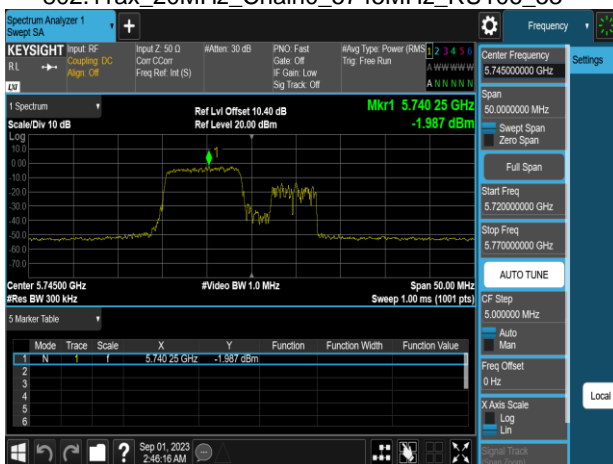

802.11ax_20MHz_Chain0_5220MHz

802.11ax_20MHz_Chain0_5300MHz

Report No.: TMWK2307002437KR

Report No.: TMWK2307002437KR

802.11ax_20MHz_Chain0_5500MHz_RU26_0

802.11ax_20MHz_Chain0_5700MHz

802.11ax_20MHz_Chain0_5500MHz_RU52_37

802.11ax_20MHz_Chain0_5700MHz_RU106_54

802.11ax_20MHz_Chain0_5580MHz

802.11ax_20MHz_Chain0_5700MHz_RU26_8

Report No.: TMWK2307002437KR

802.11ax_20MHz_Chain0_5700MHz_RU52_40

802.11ax_20MHz_Chain0_5745MHz_RU26_0

802.11ax_20MHz_Chain0_5745MHz

802.11ax_20MHz_Chain0_5745MHz_RU52_37

802.11ax_20MHz_Chain0_5745MHz_RU106_53

802.11ax_20MHz_Chain0_5785MHz

Report No.: TMWK2307002437KR

Report No.: TMWK2307002437KR

802.11ax_20MHz_Chain1_5180MHz_RU26_0
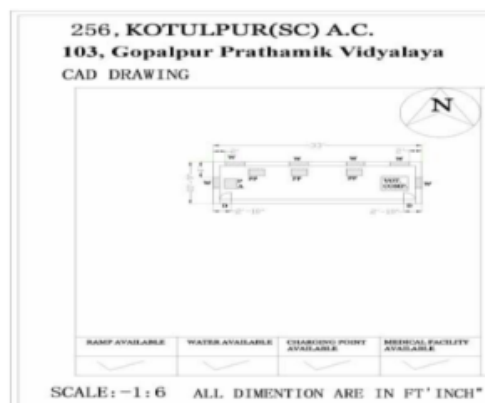

নির্বাচক নিবন্ধন আধিকারিকের স্বাক্ষর

Nazri Naksha

Google Map View

Polling Station Building Front View

Polling Station Front View

Cad View

Key MAP View

1 নাম : সফুরা খাতুন বিবি স্বামীর নাম: মিন্টুন মল্লিক বাড়ির নং : n0186 বয়স : 37 লিঙ্গ : মহিলা	NRZ1420249 ফটো উপলব্ধ	2 নাম : মালেকজান বিবি স্বামীর নাম: মহম্মাদ আলি খান বাড়ির নং : n0181 বয়স : 52 লিঙ্গ : মহিলা	WB/30/254/222107 ফটো উপলব্ধ	3 নাম : আজমিরা বিবি স্বামীর নাম: আলি মোর্জজা বাড়ির নং : n0158 বয়স : 41 লিঙ্গ : মহিলা	BHV2466555 ফটো উপলব্ধ
4 নাম : সুনীপা রেজা সাহানা স্বামীর নাম: তাপস সাহানা বাড়ির নং : n0182 বয়স : 45 লিঙ্গ : মহিলা	NRZ1614767 ফটো উপলব্ধ	5 নাম : টুম্পা বিবি স্বামীর নাম: হুম্মাৎ আলি লক্কর বাড়ির নং : n0172 বয়স : 32 লিঙ্গ : মহিলা	NRZ1614676 ফটো উপলব্ধ	6 নাম : মধুরা বিবি স্বামীর নাম: সাজ্জাত হোসেন সেখ বাড়ির নং : n0184 বয়স : 42 লিঙ্গ : মহিলা	NRZ1614783 ফটো উপলব্ধ
7 নাম : মুস্তাকিন মল্লিক মায়ের নাম: মধুরা বিবি বাড়ির নং : এন0184 বয়স : 21 লিঙ্গ : পুরুষ	NRZ2530426 ফটো উপলব্ধ	8 নাম : মন্দিরা আড়ি স্বামীর নাম: সুমন আড়ি বাড়ির নং : n0001 বয়স : 27 লিঙ্গ : মহিলা	NRZ1981794 ফটো উপলব্ধ	9 নাম : মমতা আড়ি স্বামীর নাম: হারাদন আড়ি বাড়ির নং : n0001 বয়স : 53 লিঙ্গ : মহিলা	WB/36/254/504544 ফটো উপলব্ধ
10 নাম : কার্তিক আড়ি পিতার নাম: পিরু মোহন আড়ি বাড়ির নং : n0001 বয়স : 33 লিঙ্গ : পুরুষ	NRZ1373000 ফটো উপলব্ধ	11 নাম : মালতী আড়ি স্বামীর নাম: আনন্দ আড়ি বাড়ির নং : n0001 বয়স : 49 লিঙ্গ : মহিলা	BHV1558964 ফটো উপলব্ধ	12 নাম : আনন্দ আড়ি পিতার নাম: মুদিরাম আড়ি বাড়ির নং : n0001 বয়স : 50 লিঙ্গ : পুরুষ	WB/36/254/504660 ফটো উপলব্ধ
13 নাম : হেমন্ত আড়ি পিতার নাম: আনন্দ আড়ি বাড়ির নং : n0001 বয়স : 28 লিঙ্গ : পুরুষ	NRZ1800333 ফটো উপলব্ধ	14 নাম : পূজা আড়ি স্বামীর নাম: কার্তিক আড়ি বাড়ির নং : n0001 বয়স : 29 লিঙ্গ : মহিলা	NRZ1800341 ফটো উপলব্ধ	15 নাম : হারাদন আড়ি পিতার নাম: মুদিরাম আড়ি বাড়ির নং : n0001 বয়স : 57 লিঙ্গ : পুরুষ	WB/36/254/504536 ফটো উপলব্ধ
16 নাম : সরস্বতী আড়ি স্বামীর নাম: পীরুমোহন আড়ি বাড়ির নং : n0001 বয়স : 61 লিঙ্গ : মহিলা	WB/36/254/504416 ফটো উপলব্ধ	17 নাম : বাবলু মল্লিক পিতার নাম: সোবান মল্লিক বাড়ির নং : n0089 বয়স : 46 লিঙ্গ : পুরুষ	BHV2466407 ফটো উপলব্ধ	18 নাম : রুস্তম মল্লিক পিতার নাম: সোবান মল্লিক বাড়ির নং : n0089 বয়স : 58 লিঙ্গ : পুরুষ	NRZ2540755 ফটো উপলব্ধ
19 নাম : সাইফুদ্দিন মল্লিক পিতার নাম: রুস্তম মল্লিক বাড়ির নং : n0089 বয়স : 33 লিঙ্গ : পুরুষ	NRZ1373018 ফটো উপলব্ধ	20 নাম : টুম্পা মল্লিক স্বামীর নাম: সাইফুদ্দিন মল্লিক বাড়ির নং : n0089 বয়স : 25 লিঙ্গ : মহিলা	NRZ2222289 ফটো উপলব্ধ	21 নাম : জিয়াউদ্দিন মল্লিক পিতার নাম: রুস্তম মল্লিক বাড়ির নং : n0089 বয়স : 28 লিঙ্গ : পুরুষ	NRZ1800192 ফটো উপলব্ধ
22 নাম : মুকসুদা বিবি স্বামীর নাম: রুস্তম মল্লিক বাড়ির নং : n0089 বয়স : 46 লিঙ্গ : মহিলা	NRZ2223626 ফটো উপলব্ধ	23 নাম : ইয়াসমিন বিবি স্বামীর নাম: সাহারুদ্দিন মিদ্যা বাড়ির নং : এন0089 বয়স : 25 লিঙ্গ : মহিলা	NRZ2321693 ফটো উপলব্ধ	24 নাম : সাহারুদ্দিন মিদ্যা পিতার নাম: সওকত মিদ্যা বাড়ির নং : N0089 বয়স : 25 লিঙ্গ : পুরুষ	NRZ2043503 ফটো উপলব্ধ
25 নাম : প্রতিমা সিং কুন্ডু স্বামীর নাম: স্বরূপ কুন্ডু বাড়ির নং : N0004 বয়স : 28 লিঙ্গ : মহিলা	NRZ2043974 ফটো উপলব্ধ	26 নাম : তনুশ্রী কুণ্ডু পিতার নাম: সত্যজিৎ কুণ্ডু বাড়ির নং : এন0004 বয়স : 23 লিঙ্গ : মহিলা	NRZ2321024 ফটো উপলব্ধ	27 নাম : মানসি কুণ্ডু স্বামীর নাম: গণেশ কুণ্ডু বাড়ির নং : N0004 বয়স : 26 লিঙ্গ : মহিলা	NRZ2043990 ফটো উপলব্ধ
28 নাম : সৌরভ কুন্ডু পিতার নাম: সুজিত কুন্ডু বাড়ির নং : এন0004 বয়স : 21 লিঙ্গ : পুরুষ	NRZ2459436 ফটো উপলব্ধ	29 নাম : পূজা মাঝি পিতার নাম: সুজিত মাঝি বাড়ির নং : এন0074 বয়স : 25 লিঙ্গ : মহিলা	WSU2031243 ফটো উপলব্ধ	30 নাম : সুচিত্রা কুণ্ডু স্বামীর নাম: পীরু মোহন কুণ্ডু বাড়ির নং : n0140 বয়স : 53 লিঙ্গ : মহিলা	WB/36/254/495240 ফটো উপলব্ধ
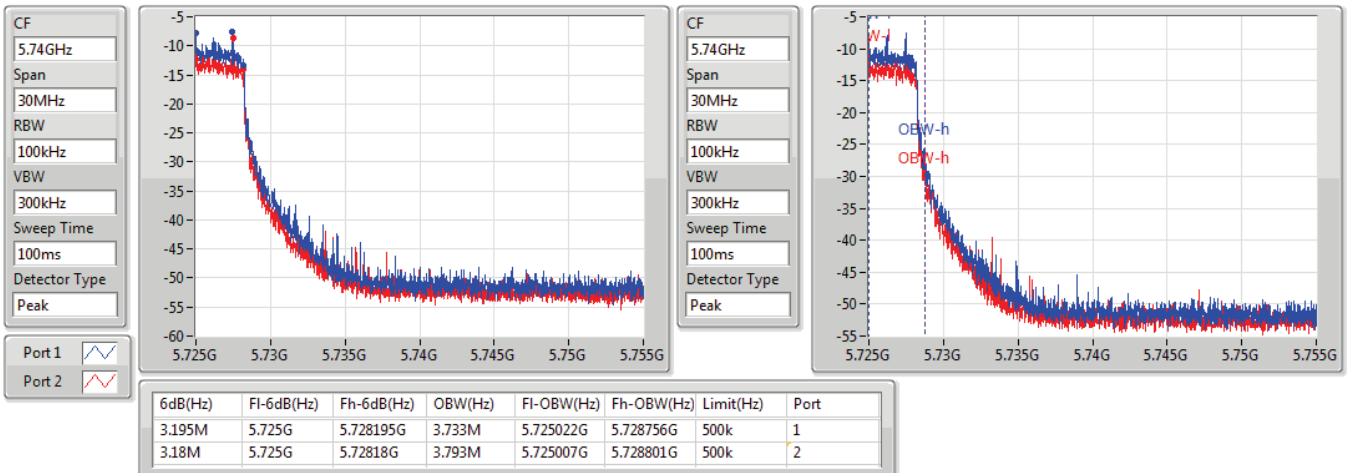

802.11ax HEW80-BF_Nss1,(MCS0)_2TX

EBW

5690MHz Straddle 5.47-5.725GHz

08/12/2019

802.11ax HEW80-BF_Nss1,(MCS0)_2TX

EBW

5690MHz Straddle 5.725-5.85GHz

08/12/2019
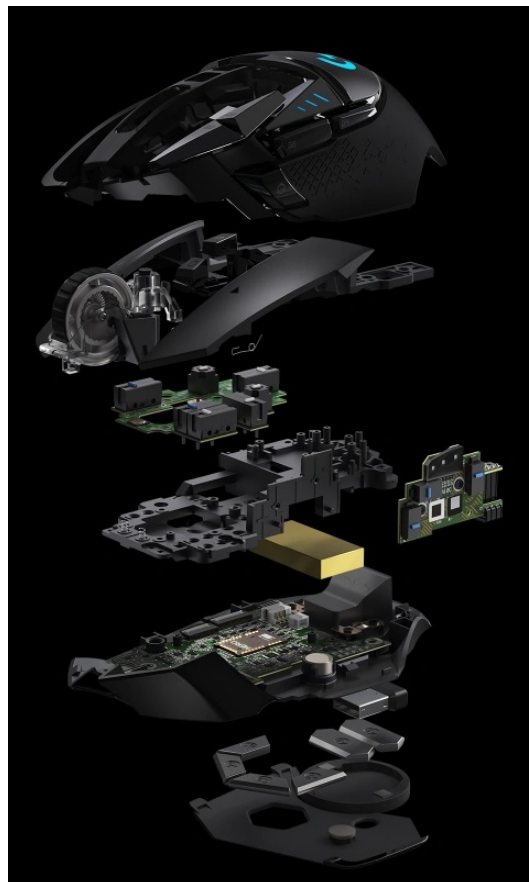

MOUL5541

Part No.:

910-005567

Záruka:

24 měs.

Stav:

Nové zboží

Popis

Hrajte na LIGHTSPEED úrovni - myš Logitech G502 HERO LIGHTSPEED

Bezdrátová myš Logitech G502 HERO LIGHTSPEED je tím pravým herním trumfem. Podporuje ultra rychlé bezdrátové připojení **LIGHTSPEED** pro zajištění spolehlivosti a profesionálního výkonu v oblasti **eSportu**. Logitech G502 HERO LIGHTSPEED disponuje **senzorem HERO 16K** nové generace s nastavitelným rozlišením **až na hodnotu 16 000 DPI**.

Díky širokému rozsahu citlivosti se přizpůsobí všem herním žánrům a zvládne všechny mise i herní výzvy – od precizního míření sniperkou po zběsilé manévrování mezi kulkami. Pro ještě lepší klouzavost a ovladatelnost je myš vybavena systémem nastavitelné váhy takže si její pohyb a váhu přizpůsobíte přesně do ruky. Samozřejmostí je také přizpůsobitelné **RGB podsvícení**.

Logitech G502 HERO LIGHTSPEED

Herní bezdrátová myš disponující **11 programovatelnými tlačítky** a vysoce přesným optickým senzorem **HERO 16K** s nastavitelným rozlišením **až 16000 dpi**. Vyniká vysokou odolností **až 50 milionů kliknutí** a dobou odezvy **1 ms**. S technologií **Lightsync RGB** lze nastavit světelné animace a efekty. Napájení zajišťuje **vestavěná baterie**, která při plném nabití udrží myš bez podsvícení v chodu až 60 hodin. Připojení je realizováno skrze **USB přijímač**.
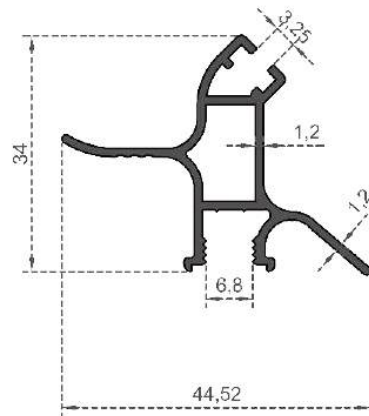

Sistem Kodu
System Code **1945**
Ağırlık (kg/mt)
Weight (kg/mt) **0,420**
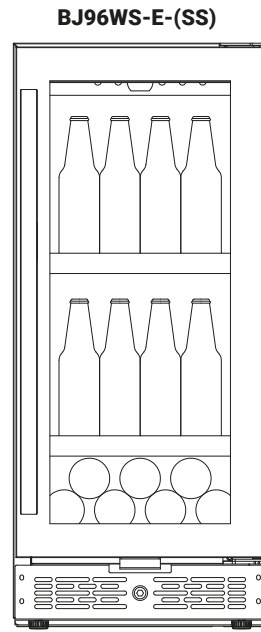

Garantia:
3 Anos

versia[®]

Coleção Gourmand

BJ 96WS-E-(SS)**Características do Produto**

| | |
|--------------------------------|-------------------------|
| Modelo | BJ96WS-E-(SS) |
| Dimensões do Produto L x P x A | 37,5 cm x 58 cm x 87 cm |
| Dimensões da Caixa | 44,5 cm 66 cm x 91,5 cm |
| Peso Bruto | 33 Kg |
| Peso Líquido | 30 Kg |
| Faixa de Temperatura | -12 - 08 °C |
| Voltagem | 220 V |
| Capacidade de armazenamento | 96 Litros |
| Controle de Ruído | Sim |
| Total de Prateleiras | 3 |
| Chave de Segurança | Sim |
| Motor Inverter | Sim |
| Puxador Anti-Manchas | Sim |
| Vidro Triplo | Sim |
| Sistema Anti-Sudação | Sim |
| Prateleiras metálicas | Sim |
| Iluminação Vertical | Sim |
| Porta Aço Inox 304 | Sim |
| Função FrigoBar | Sim |
| Garantia | 3 Anos |

BJ 96WS-E-(SS)

Dimensões do Produto

Nicho de Instalação

Capacidade de Armazenamento

BJ 96WS-E-(SS)

Funções do Produto

| LEGENDA DE FUNÇÕES | |
|--------------------|-----------------------------|
| Ítem | Função |
| 1 | Ligar/Desligar |
| 2 | Luz Acesa/Apagada |
| 3 | °C/°F: CELSIUS / FAHRENHEIT |
| 4 | Diminuir Temperatura |
| 5 | Aumentar Temperatura |
| 6 | Painel de Indicação |

Beer Center Versia Gourmand Built In 96 Litros - 220V

BJ 96WS-E-(SS)

Coleção Gourmand

versia[®]

atendimento@versia.com.br

www.versia.com.br

 /versiaoficial

 versia_oficial
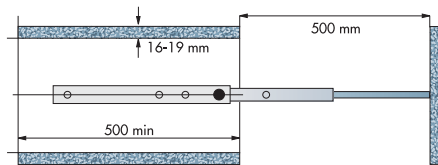

Koš k potravinové skříni

Work to be completed → Please transcribe, word for word, every line from the first line of the records above through the line containing "4 নাম : সুনীপা", and leave out any pictures.

Solution for this problem →
802.11ax_20MHz_Chain0_5220MHz

802.11ax_20MHz_Chain0_5300MHz

Report No.: TMWK2307002437KR

Report No.: TMWK2307002437KR

802.11ax_20MHz_Chain0_5500MHz_RU26_0

802.11ax_20MHz_Chain0_5700MHz

802.11ax_20MHz_Chain0_5500MHz_RU52_37

802.11ax_20MHz_Chain0_5700MHz_RU106_54

802.11ax_20MHz_Chain0_5580MHz

802.11ax_20MHz_Chain0_5700MHz_RU26_8

Report No.: TMWK2307002437KR

802.11ax_20MHz_Chain0_5700MHz_RU52_40

802.11ax_20MHz_Chain0_5745MHz_RU26_0

802.11ax_20MHz_Chain0_5745MHz

802.11ax_20MHz_Chain0_5745MHz_RU52_37

802.11ax_20MHz_Chain0_5745MHz_RU106_53

802.11ax_20MHz_Chain0_5785MHz

Report No.: TMWK2307002437KR

Report No.: TMWK2307002437KR

802.11ax_20MHz_Chain1_5180MHz_RU26_0

নির্বাচক নিবন্ধন আধিকারিকের স্বাক্ষর

Nazri Naksha

Google Map View

Polling Station Building Front View

Polling Station Front View

Cad View

Key MAP View

1 নাম : সফুরা খাতুন বিবি স্বামীর নাম: মিন্টুন মল্লিক বাড়ির নং : n0186 বয়স : 37 লিঙ্গ : মহিলা	NRZ1420249 ফটো উপলব্ধ	2 নাম : মালেকজান বিবি স্বামীর নাম: মহম্মাদ আলি খান বাড়ির নং : n0181 বয়স : 52 লিঙ্গ : মহিলা	WB/30/254/222107 ফটো উপলব্ধ	3 নাম : আজমিরা বিবি স্বামীর নাম: আলি মোর্জজা বাড়ির নং : n0158 বয়স : 41 লিঙ্গ : মহিলা	BHV2466555 ফটো উপলব্ধ
4 নাম : সুনীপা রেজা সাহানা স্বামীর নাম: তাপস সাহানা বাড়ির নং : n0182 বয়স : 45 লিঙ্গ : মহিলা	NRZ1614767 ফটো উপলব্ধ	5 নাম : টুম্পা বিবি স্বামীর নাম: হুম্মাৎ আলি লক্কর বাড়ির নং : n0172 বয়স : 32 লিঙ্গ : মহিলা	NRZ1614676 ফটো উপলব্ধ	6 নাম : মধুরা বিবি স্বামীর নাম: সাজ্জাত হোসেন সেখ বাড়ির নং : n0184 বয়স : 42 লিঙ্গ : মহিলা	NRZ1614783 ফটো উপলব্ধ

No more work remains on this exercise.